Under the current 2005 law, property taxes for homes built before the law took effect are based on 2002 values and can't climb more than 3 percent a year, even if they are sold. An owner with a home built after 2005 pays full property taxes the first year with a 3 percent increase for each year after.
Other properties can go up 8 percent a year.
Under the new plan, all property taxes would be based on 2003 values and could go up 2 percent a year. If the property is sold, however, the new owner pays taxes based on the full market value with a 2 percent increase each year.
New homeowners under the new plan would start at comparatively high rate in most cases, Dawley said, and they could pay hundreds, if not thousands, of dollars more in taxes a year than a neighbor in an identical house.
"This will be a windfall for a local governments," he said, "but it's going to cost taxpayers a lot."
Close to half of property owners in Carson City could see their property taxes immediately go up under the plan, he said.
Voters would have to approve the plan twice for it to become part of the state constitution in 2011.
But Carole Vilardo, president of the Nevada Taxpayers Association, said state lawmakers tried to work carefully within the law to pass the current property tax cap, and Angle's petition doesn't take into consideration the effect of the new tax on a state with fast growth and quick house sales.

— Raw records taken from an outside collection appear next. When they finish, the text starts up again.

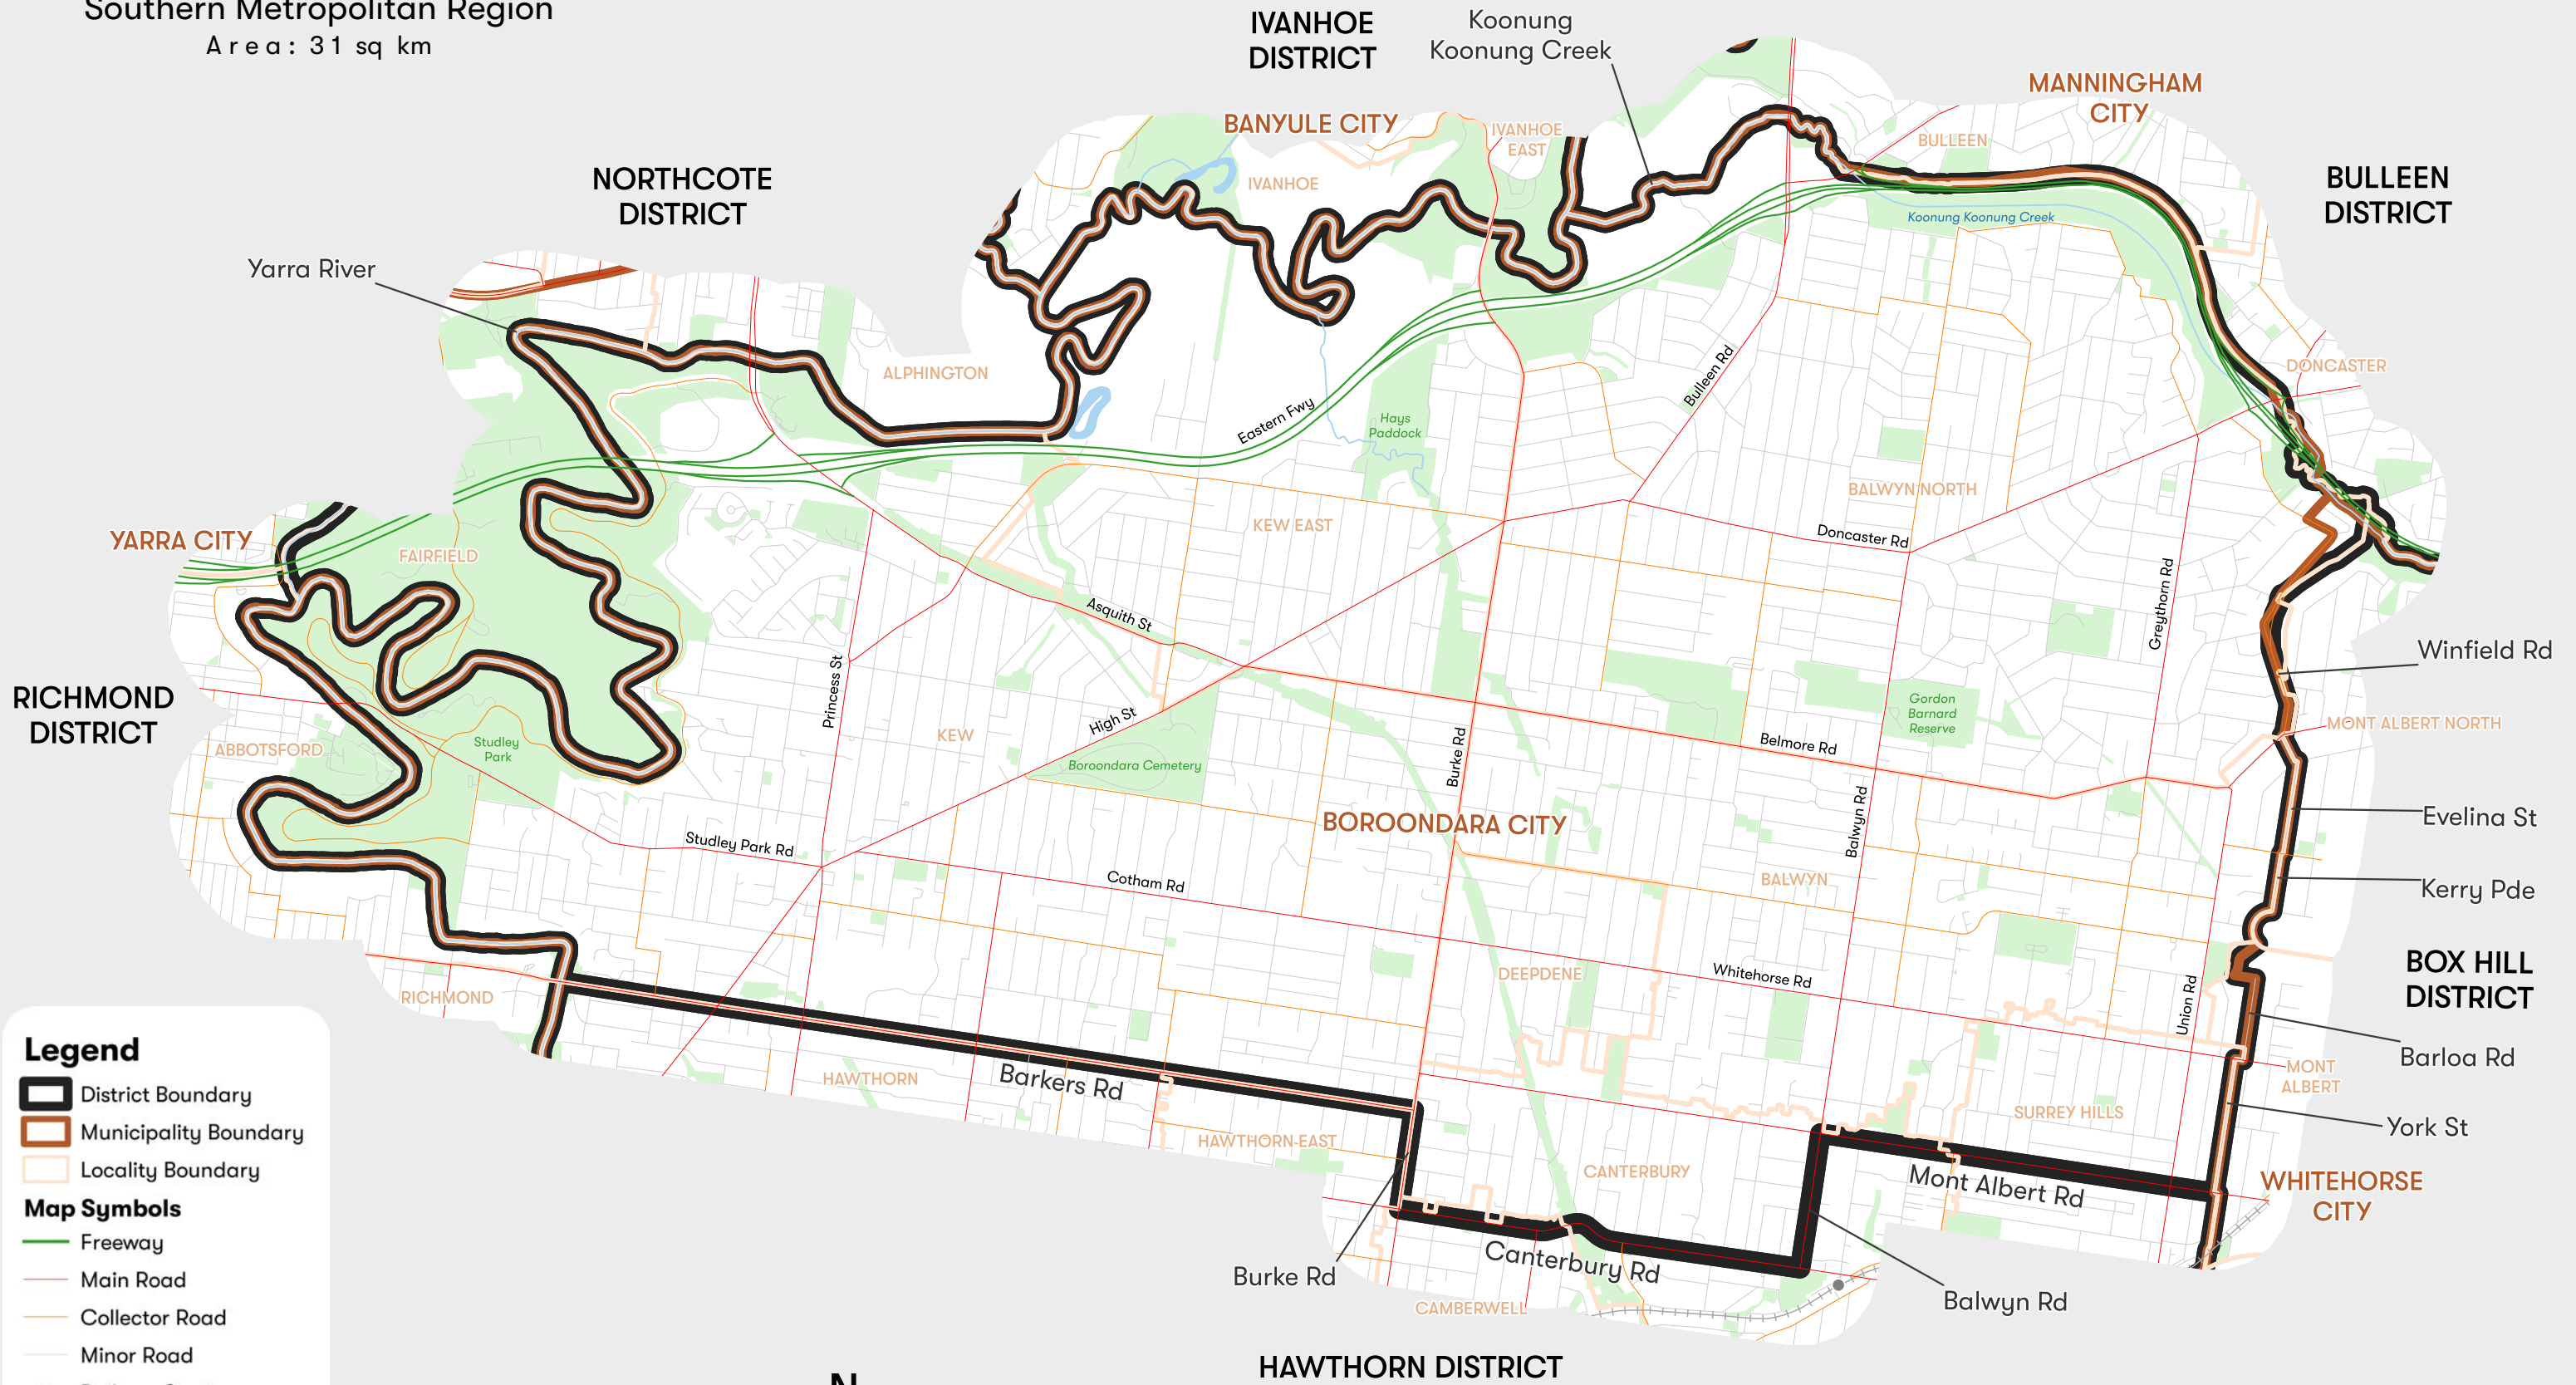

Electoral District

KEW

Southern Metropolitan Region
Area: 31 sq km

Legend

- District Boundary
- Municipality Boundary
- Locality Boundary

Map Symbols

- Freeway
- Main Road
- Collector Road
- Minor Road
- Railway Station
- Railway
- River/Creek
- Lake
- Park/Reserve

Datasets for alignment from Vicmap as at April 2021

"I think the initiative is problematic," Vilardo said.
Angle didn't get enough signatures in 2004 and 2006 to get similar tax-cap plans on the ballot. She is challenging Senate Majority Leader Bill Raggio in the Republican primary.
Washoe County Assessor Joshua Miller said a plan similar to California's Proposition 13 could be good or bad for the state, depending on how people look at it.
It will ensure that some people who have owned their homes for a long time will pay even less in property taxes, but it could also be seen, he said, as "passing tax liability to future generations."